Task item: Copy out each line below in which the string "電源ユニット" appears.

Input data:
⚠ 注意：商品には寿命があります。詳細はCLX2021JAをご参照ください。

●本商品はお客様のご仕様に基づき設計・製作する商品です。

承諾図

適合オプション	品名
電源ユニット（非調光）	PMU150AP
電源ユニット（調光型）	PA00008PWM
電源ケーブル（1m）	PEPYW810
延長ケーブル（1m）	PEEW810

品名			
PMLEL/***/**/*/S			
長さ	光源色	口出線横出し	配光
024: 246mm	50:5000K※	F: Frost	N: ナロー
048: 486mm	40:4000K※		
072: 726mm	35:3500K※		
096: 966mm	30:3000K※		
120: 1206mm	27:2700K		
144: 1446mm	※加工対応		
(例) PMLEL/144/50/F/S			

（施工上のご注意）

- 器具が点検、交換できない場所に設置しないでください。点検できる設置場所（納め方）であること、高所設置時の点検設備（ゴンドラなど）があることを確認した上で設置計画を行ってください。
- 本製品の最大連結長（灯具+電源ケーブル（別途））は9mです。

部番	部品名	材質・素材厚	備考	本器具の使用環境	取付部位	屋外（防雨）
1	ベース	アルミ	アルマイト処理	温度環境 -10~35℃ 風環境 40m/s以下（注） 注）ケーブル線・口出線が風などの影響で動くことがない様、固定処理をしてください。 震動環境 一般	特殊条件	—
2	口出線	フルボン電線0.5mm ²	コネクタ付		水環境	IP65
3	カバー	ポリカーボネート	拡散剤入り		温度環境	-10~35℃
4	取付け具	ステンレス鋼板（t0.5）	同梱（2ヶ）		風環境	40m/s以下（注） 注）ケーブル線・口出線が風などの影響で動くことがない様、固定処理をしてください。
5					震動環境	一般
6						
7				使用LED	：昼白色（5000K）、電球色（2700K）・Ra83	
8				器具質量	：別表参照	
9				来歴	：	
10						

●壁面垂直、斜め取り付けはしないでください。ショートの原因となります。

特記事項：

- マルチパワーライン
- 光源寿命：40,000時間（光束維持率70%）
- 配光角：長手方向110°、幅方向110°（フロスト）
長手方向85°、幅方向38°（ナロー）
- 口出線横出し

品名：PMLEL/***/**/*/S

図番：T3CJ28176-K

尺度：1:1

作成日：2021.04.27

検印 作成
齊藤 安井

...

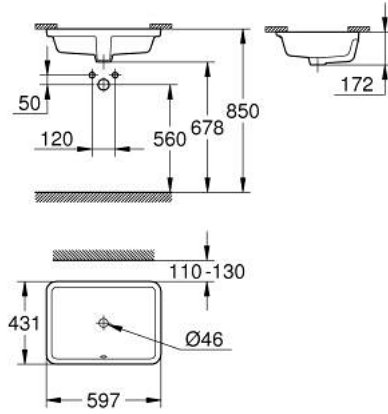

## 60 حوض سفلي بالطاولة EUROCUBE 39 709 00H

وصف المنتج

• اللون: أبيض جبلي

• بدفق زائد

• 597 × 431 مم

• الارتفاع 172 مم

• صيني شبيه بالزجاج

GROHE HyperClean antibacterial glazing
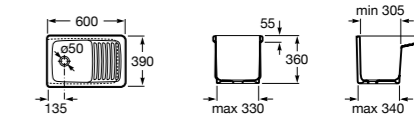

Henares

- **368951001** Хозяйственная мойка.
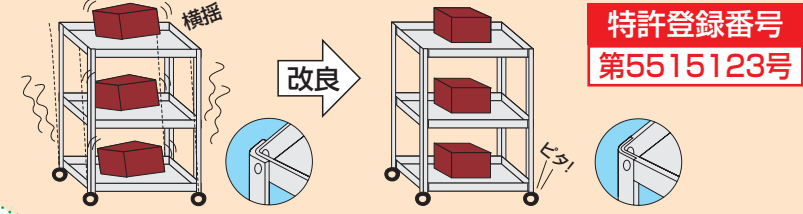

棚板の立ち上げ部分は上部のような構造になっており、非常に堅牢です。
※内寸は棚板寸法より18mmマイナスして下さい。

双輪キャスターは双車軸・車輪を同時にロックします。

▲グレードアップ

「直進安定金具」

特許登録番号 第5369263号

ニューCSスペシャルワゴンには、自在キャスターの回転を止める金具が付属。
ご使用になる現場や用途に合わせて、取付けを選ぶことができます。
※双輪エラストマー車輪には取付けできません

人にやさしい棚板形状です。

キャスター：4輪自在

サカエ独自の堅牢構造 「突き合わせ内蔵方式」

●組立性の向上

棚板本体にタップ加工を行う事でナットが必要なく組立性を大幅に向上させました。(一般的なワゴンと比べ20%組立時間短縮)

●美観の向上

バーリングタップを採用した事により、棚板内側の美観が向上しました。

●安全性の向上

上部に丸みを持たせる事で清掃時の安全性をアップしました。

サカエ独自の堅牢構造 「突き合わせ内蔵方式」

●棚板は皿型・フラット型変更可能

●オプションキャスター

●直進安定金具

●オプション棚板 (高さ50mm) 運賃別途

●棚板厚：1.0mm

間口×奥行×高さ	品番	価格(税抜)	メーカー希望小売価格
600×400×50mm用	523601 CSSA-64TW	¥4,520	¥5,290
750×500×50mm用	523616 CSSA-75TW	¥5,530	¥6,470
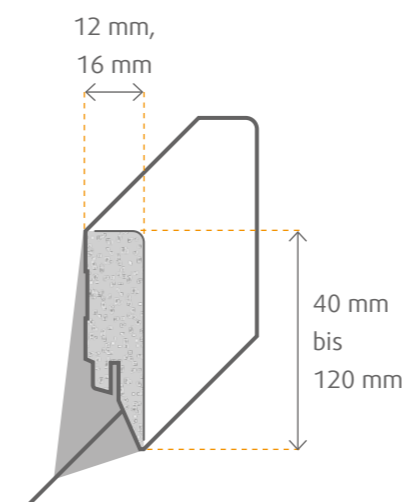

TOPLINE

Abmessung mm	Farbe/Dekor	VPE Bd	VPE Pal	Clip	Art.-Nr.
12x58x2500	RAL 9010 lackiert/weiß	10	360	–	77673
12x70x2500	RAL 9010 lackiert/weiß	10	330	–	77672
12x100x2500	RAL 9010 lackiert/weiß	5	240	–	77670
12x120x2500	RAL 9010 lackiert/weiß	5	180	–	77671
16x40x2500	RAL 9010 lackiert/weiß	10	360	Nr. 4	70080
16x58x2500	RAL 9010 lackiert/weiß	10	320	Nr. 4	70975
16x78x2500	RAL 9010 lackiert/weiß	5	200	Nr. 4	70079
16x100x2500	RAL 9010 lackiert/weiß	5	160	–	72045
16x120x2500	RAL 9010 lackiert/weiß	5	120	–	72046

The answer:
電源ユニット（非調光）	PMU150AP
電源ユニット（調光型）	PA00008PWM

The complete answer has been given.